RE: a joint letter on low latency and Linux

Russell, Richard (rrussell@deh.sa.gov.au)
Fri, 30 Jun 2000 10:57:01 +0930


> Well, I personally would rather see that nobody ever needed RTlinux at
> all. I think hard realtime is a waste of time, myself, and

The need for hard real-time comes when you have real-world requirements that
require absolute timing garantees with 100% reliability. For eg, a
heart-lung machine needs to send out signals at a perfectly regular time. If
cron suddenly decides to run mkwhatis or something, and you get a minor
unevenness in the signal generated, you have a problem.
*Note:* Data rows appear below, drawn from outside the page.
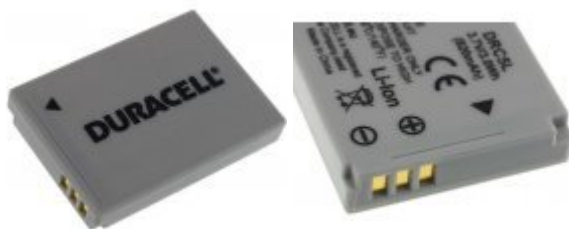

Lagervarer leveres fra 1-4 hverdage med GLS.
Alle priser er inkl. Moms. Ingen gebyrer. 14 dages fuld returret.

Reklamationsret: Mangel eller defekt afhænger dog af om der er tale om en fejl på produktet, der var til stede på købstidspunktet. Nogle gange skyldes fejl slid, forkert brug eller måske et hændeligt uheld, der udsætter produktet for noget det ikke er designet eller beregnet til i f.t. almindelig og gennemsnitlig anvendelse.

Sørg derfor altid for, at kontrollere om produktet passer.
Kontakt evt. kundeservice eller besøg producentens hjemmeside for yderligere information.

* Pris gældende 12.04.2024
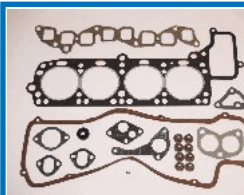

TOYOTA CELICA (RA2_, TA2_)
2.0[10.1975-07.1977](Benzina)
TOYOTA CELICA (TA60, RA40, RA6_) 2.0
XT (RA40)[01.1980-07.1981](Benzina)
TOYOTA CELICA (TA60, RA40, RA6_) 2.0
XT (RA40)[02.1979-07.1981](Benzina)
TOYOTA COROLLA Compact (_E9_) 1.6
GTi (AE92)[08.1987-10.1994](Benzina)

48231

OE: 04112-58030 | ENGINE: 13BT
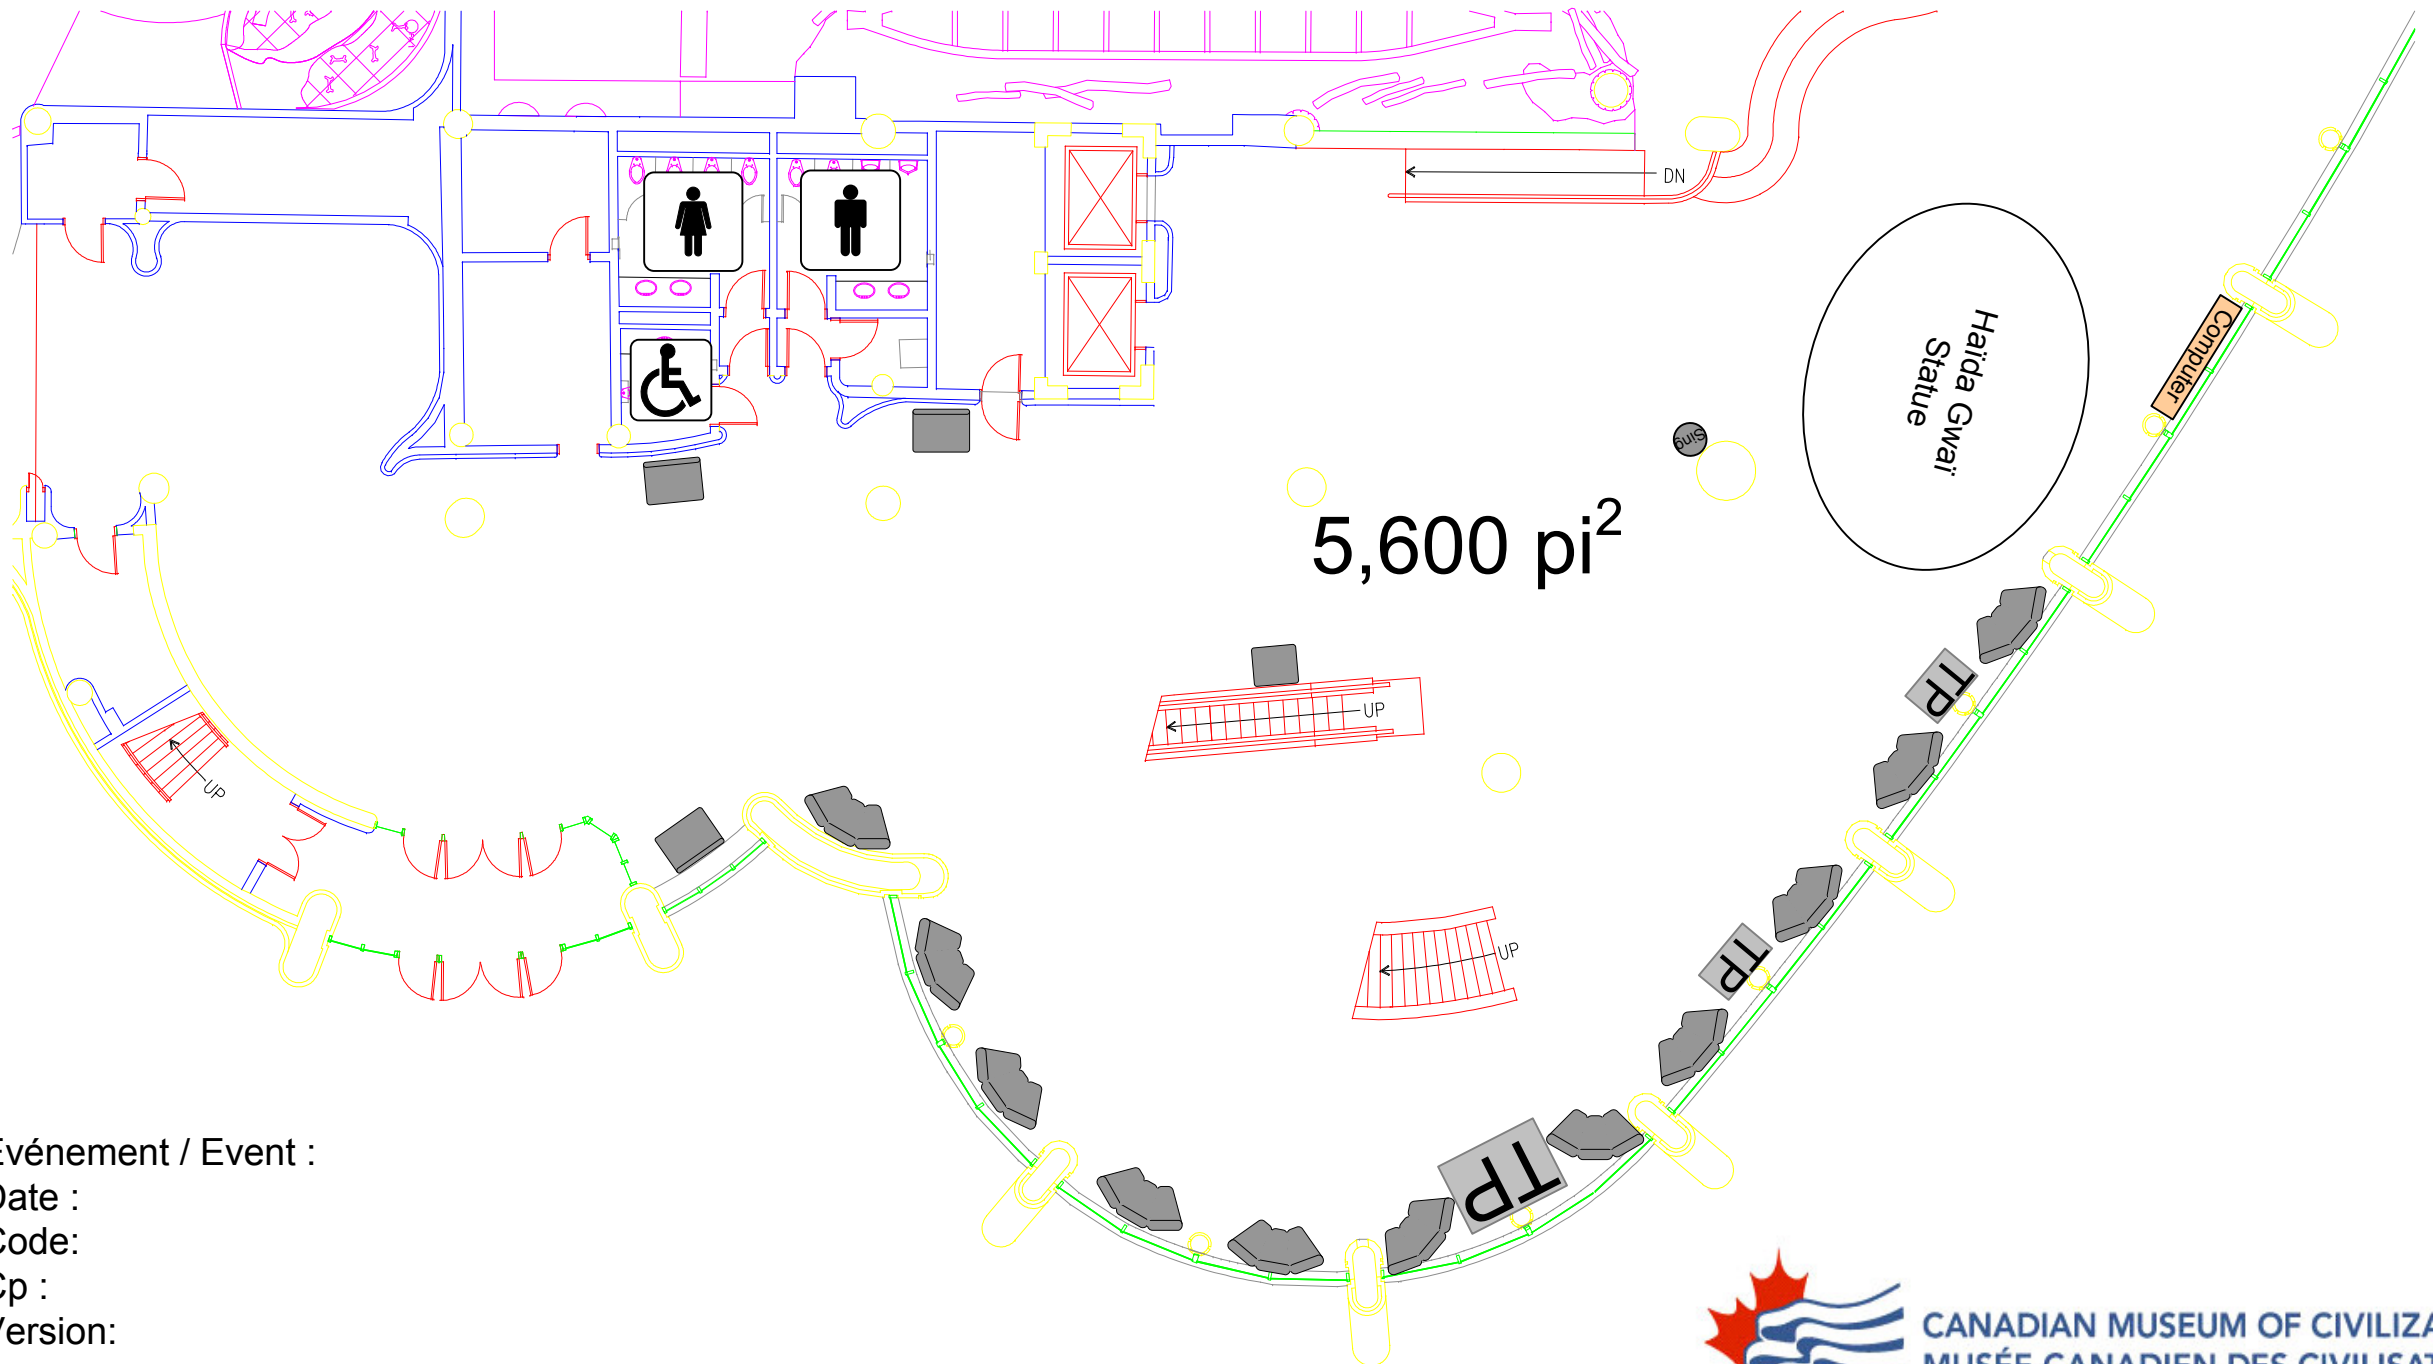

# Hall de la Rivière

RC

9:21:49 AM 11/13/2008

Événement / Event :

Date :

Code:

Cp :

Version:
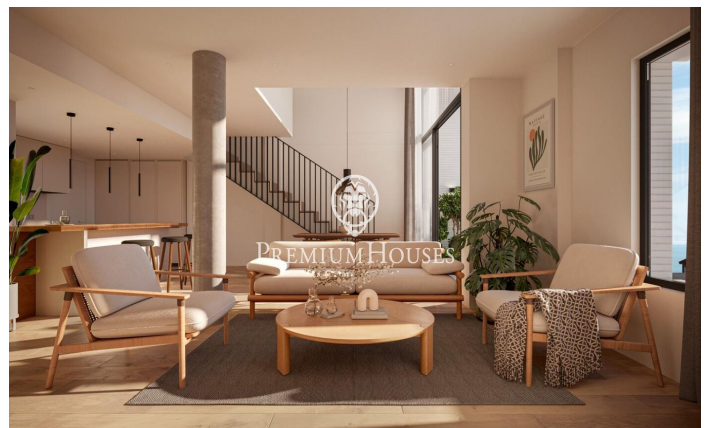

Promoción obra nueva Canet Brisa

Ref: PH103291

Canet de Mar / Maresme/Barcelona Costa Norte

Edificio de obra nueva en primera línea de mar y con vistas despejadas, con excepcional ubicación junto a un gran paso subterráneo de acceso a la playa. Excepcional promoción con 12 pisos, 18 plazas de parking y 12 trasteros. Inmediato comienzo de las obras. Para más información y reservas contactar al 93 760 12 34. Comercializa en Exclusiva Premium Houses Oficina de Sant Pol de Mar.

230.000 €

56 m²
2 Habitaciones
1 Baño completo
Piscina
AACC
Calefacción
Trastero
Ascensor
Terraza
Balcón
Armarios empotrados

Barcelona Coast, the best place to live
Over 2,500 hours of sun per year

Contáctenos para mas información o para concertar una visita
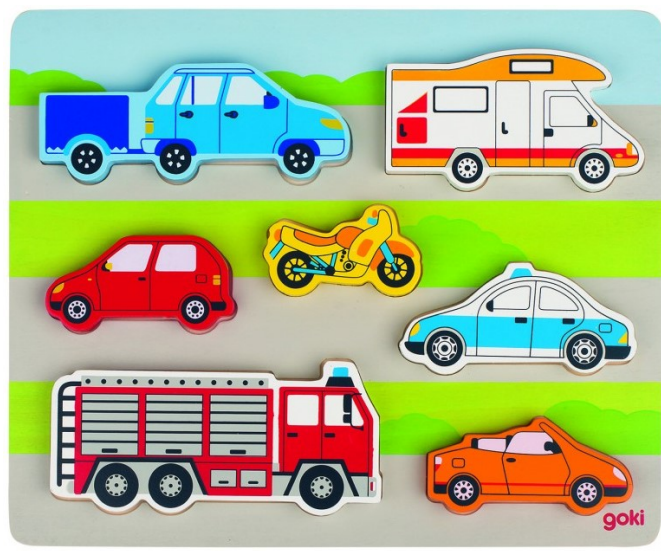

GOKI 57517 SESTAVLJANKA, STOJEČA VOZILA

Velikost: 28 x 23 cm.
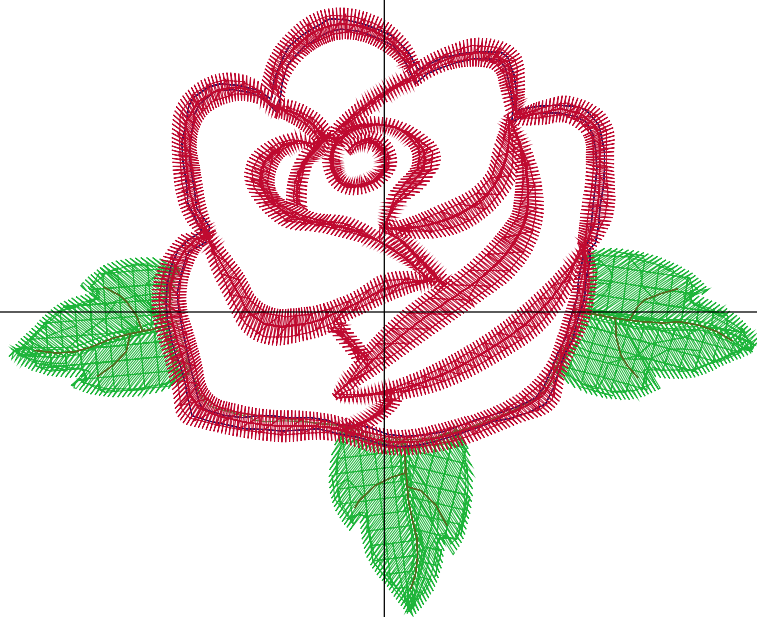

ZOOM 100%

**Color Sequence:**

Design Name: atwnls0881	Customer Name:	Machine Set: Default	
Size=61.40 mm x 98.40 mm	Stitch No.=6913	ChangeColor No.=9	Trim No.=1

**Design Note:**

No.	Thread	Length(m)
1.	 Robison Anton Super Brite Poly.Jockey Red.5581	0.28
2.	 Robison Anton Super Brite Poly.Sapphire.5580	0.28
3.	 Robison Anton Super Brite Poly.Jockey Red.5581	0.28
4.	 Robison Anton Super Brite Poly.Baltic Blue.5741	0.34
5.	 Robison Anton Super Brite Poly.Cherry Punch.5717	4.12
6.	 Robison Anton Super Brite Poly.Green Dust.5757	0.94
7.	 Robison Anton Super Brite Poly.Bonaire Green.9152	1.41
8.	 Robison Anton Super Brite Poly.Green Dust.5757	5.90
9.	 Robison Anton Super Brite Poly.Bonaire Green.9152	0.69
10.	 Robison Anton Super Brite Poly.Green Dust.5757	1.00

Design Name: atwnls0882	Customer Name:	Machine Set: Default	
Size=99.30 mm x 80.50 mm	Stitch No.=7488	ChangeColor No.=6	Trim No.=3

**Design Note:**

No.	Thread	Length(m)
1.	 Robison Anton Super Brite Poly.Enventide Green.9147	6.13
2.	 Robison Anton Super Brite Poly.Meadow.5526	0.51
3.	 Robison Anton Super Brite Poly.Jockey Red.5581	0.40
4.	 Robison Anton Super Brite Poly.Chow Blue.9171	0.40
5.	 Robison Anton Super Brite Poly.Jockey Red.5581	0.41
6.	 Robison Anton Super Brite Poly.Chow Blue.9171	0.53
7.	 Robison Anton Super Brite Poly.Jockey Red.5581	10.70

ZOOM 100%

**Color Sequence:**

Th.1(Enventide Greed.9147) Th.2(Meadow.5526) Th.3(Jockey Red.5581) Th.4(Chow Blue.9171) Th.5(Jockey Red.5581) Th.6(Chow Blue.9171) Th.7,8,9(Jockey Red.5581)

Design Name: atwnls0883	Customer Name:	Machine Set: Default	
Size=89.80 mm x 99.60 mm	Stitch No.=7503	ChangeColor No.=7	Trim No.=2
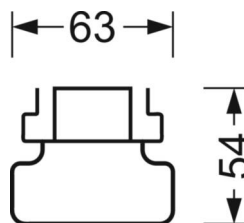

Ссылка	LED 5000lm 840
ηLB	100 %
Φ ↓/↑	90 % / 10 %
UGR поп./вдоль	22.5 / 22.5
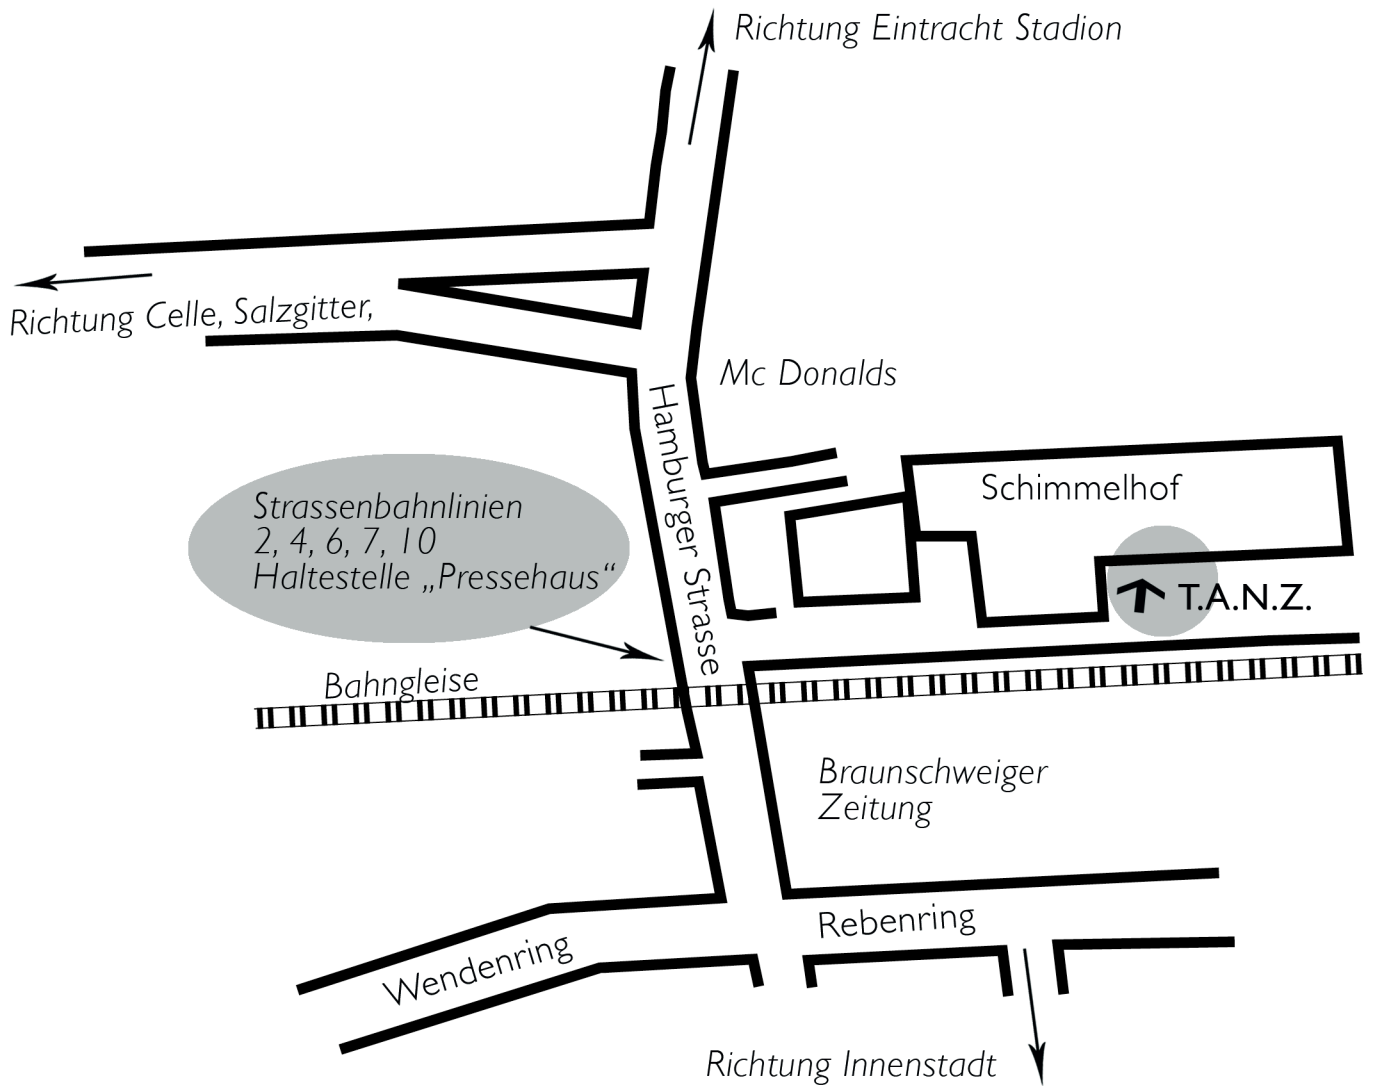

Anfahrt zu T.A.N.Z. Braunschweig:

Von der A2: Celle, Helmstedt, Peine, Wolfsburg...
am Autobahnkreuz Braunschweig- Nord auf die A391
am Autobahnkreuz Ölper auf die A392
am Autobahn-Ende rechts auf die Hamburger Str.
nach ca. 500m vor den Bahnschienen links auf den Schimmelhof

Von der A39: Hildesheim, Salzgitter
am Autobahndreieck Braunschweig-Südwest auf die A391
am Autobahnkreuz Ölper auf die A392
am Autobahn-Ende rechts auf die Hamburger Str.
nach ca. 500m vor den Bahnschienen links auf den Schimmelhof

Von der A395: Bad Harzburg, Goslar, Wolfenbüttel
am Autobahndreieck Braunschweig-Süd auf die A39
am Autobahndreieck Braunschweig-Südwest auf die A391
am Autobahnkreuz Ölper auf die A392
am Autobahn-Ende rechts auf die Hamburger Str.
nach ca. 500m vor den Bahnschienen links auf den Schimmelhof

The other 99.9% of
the time, the CPU will be fast enough to compensate, but you need a 100%
garantee in some situations. (how would it be if once in every 1000 days,
someone on a heart-lung machine dies because the computer used couldn't
give hard timing garantees?). Yes, most problems (say audio streaming) don't
have this true _hard_ real-time requirement, but some do, and it's these
that really matter. Another thing to consider is that some hard real-time
requirements actually require significant processing, and as such, the
margin for error is much lower, and present CPUs are not "overwhelmingly
fast enough"... :)

<snip>

> I definitely agree with low-latency requirements even in a
> standard Linux.
> I just disagree violently with doing them with horrible
> cludges instead of
> working on doing it right.

Absolutely, but there is a need for an OS that can give hard real-time
garantees. Maybe it is innapropriate to try to make Linux do this at once --
if there is no way of doing it that is not a kludge, it probably should be
done using a different kernel. There are some requirements (eg hard
real-time vs efficiency in other situations) that may be fundamentally
incompatible, and should probably be solved separately.